What is required - Work through the data below and give the number of lines holding "InFino", nothing more.

Records from a dataset:
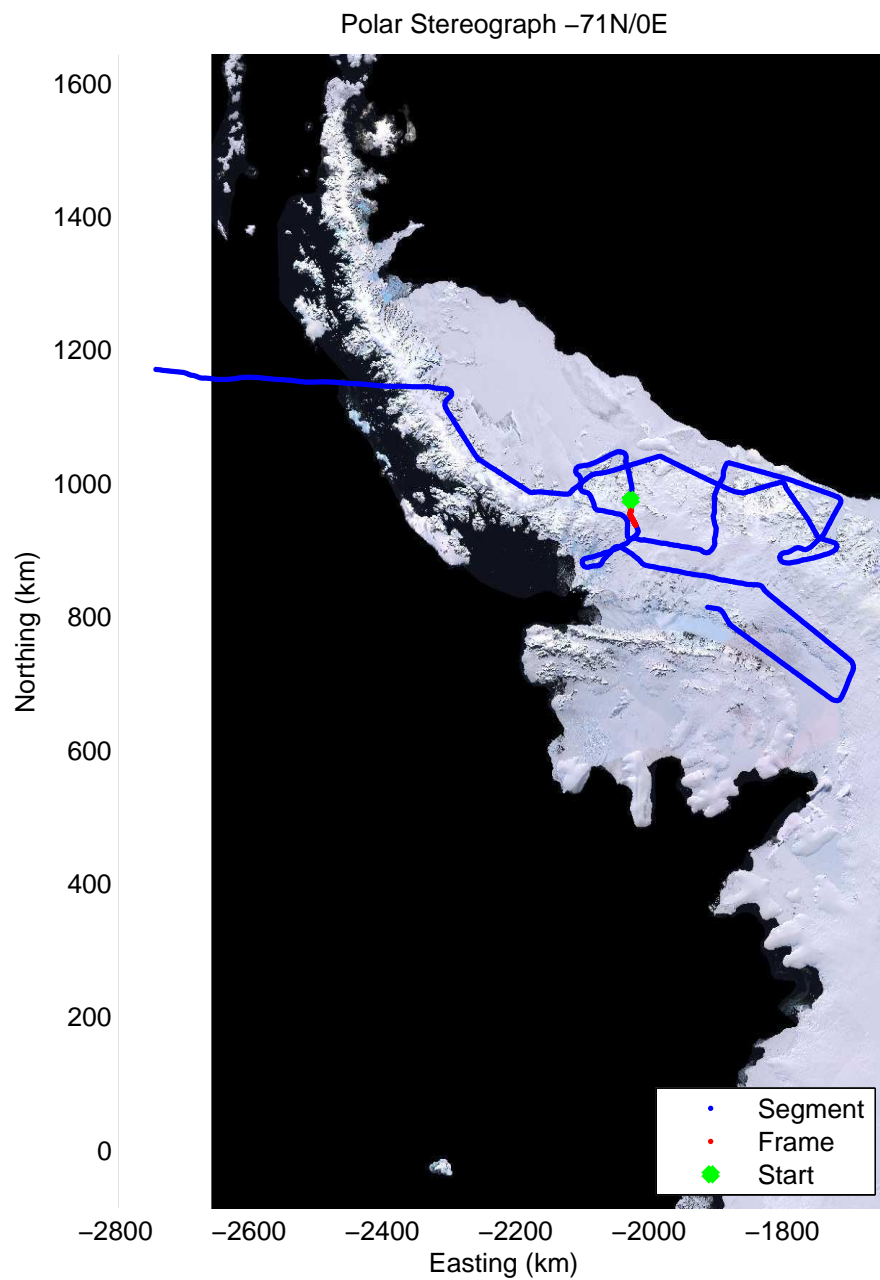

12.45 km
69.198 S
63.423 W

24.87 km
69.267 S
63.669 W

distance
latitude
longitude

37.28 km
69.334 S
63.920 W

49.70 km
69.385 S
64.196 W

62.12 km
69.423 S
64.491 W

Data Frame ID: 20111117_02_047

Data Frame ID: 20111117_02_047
---
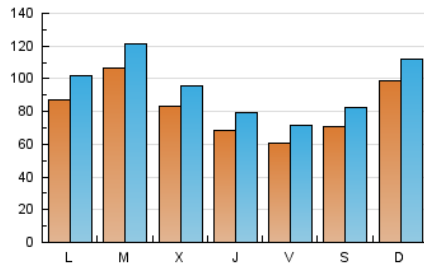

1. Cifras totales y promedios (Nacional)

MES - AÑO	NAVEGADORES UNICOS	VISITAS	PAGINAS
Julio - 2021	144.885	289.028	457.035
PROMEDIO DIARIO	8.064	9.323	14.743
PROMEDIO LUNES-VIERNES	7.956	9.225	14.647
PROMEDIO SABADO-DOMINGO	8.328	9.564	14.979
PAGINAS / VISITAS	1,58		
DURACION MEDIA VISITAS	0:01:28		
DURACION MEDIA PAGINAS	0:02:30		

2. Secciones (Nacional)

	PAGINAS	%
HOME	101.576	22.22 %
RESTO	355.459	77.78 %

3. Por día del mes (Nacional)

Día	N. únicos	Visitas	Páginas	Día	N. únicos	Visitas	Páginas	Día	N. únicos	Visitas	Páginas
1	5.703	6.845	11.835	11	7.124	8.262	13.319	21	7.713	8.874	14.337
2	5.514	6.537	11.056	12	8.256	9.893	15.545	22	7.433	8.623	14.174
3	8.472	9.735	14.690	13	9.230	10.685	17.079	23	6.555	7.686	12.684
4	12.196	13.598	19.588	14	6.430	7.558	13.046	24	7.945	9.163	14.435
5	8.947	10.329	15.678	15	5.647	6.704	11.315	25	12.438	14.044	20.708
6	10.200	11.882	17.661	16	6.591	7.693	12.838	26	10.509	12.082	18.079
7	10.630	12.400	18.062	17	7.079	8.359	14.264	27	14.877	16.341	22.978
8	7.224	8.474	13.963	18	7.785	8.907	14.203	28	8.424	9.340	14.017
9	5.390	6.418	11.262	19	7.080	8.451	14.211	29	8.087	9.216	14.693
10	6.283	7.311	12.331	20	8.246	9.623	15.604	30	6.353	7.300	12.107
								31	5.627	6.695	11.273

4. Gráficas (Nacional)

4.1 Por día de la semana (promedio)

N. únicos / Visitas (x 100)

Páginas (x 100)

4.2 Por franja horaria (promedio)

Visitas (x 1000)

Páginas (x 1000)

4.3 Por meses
--
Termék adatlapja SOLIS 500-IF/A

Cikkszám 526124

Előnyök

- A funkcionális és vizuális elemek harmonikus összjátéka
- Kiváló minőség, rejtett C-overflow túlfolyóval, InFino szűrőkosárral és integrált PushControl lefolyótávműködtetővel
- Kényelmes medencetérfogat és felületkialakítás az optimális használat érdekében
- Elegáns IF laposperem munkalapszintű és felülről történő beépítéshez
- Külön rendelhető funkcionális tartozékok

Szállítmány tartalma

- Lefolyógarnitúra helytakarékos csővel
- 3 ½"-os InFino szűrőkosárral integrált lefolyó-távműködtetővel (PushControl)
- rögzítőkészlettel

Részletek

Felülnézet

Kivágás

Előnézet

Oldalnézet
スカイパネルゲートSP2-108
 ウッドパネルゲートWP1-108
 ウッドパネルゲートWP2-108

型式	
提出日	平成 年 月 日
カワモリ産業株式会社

Task output - 2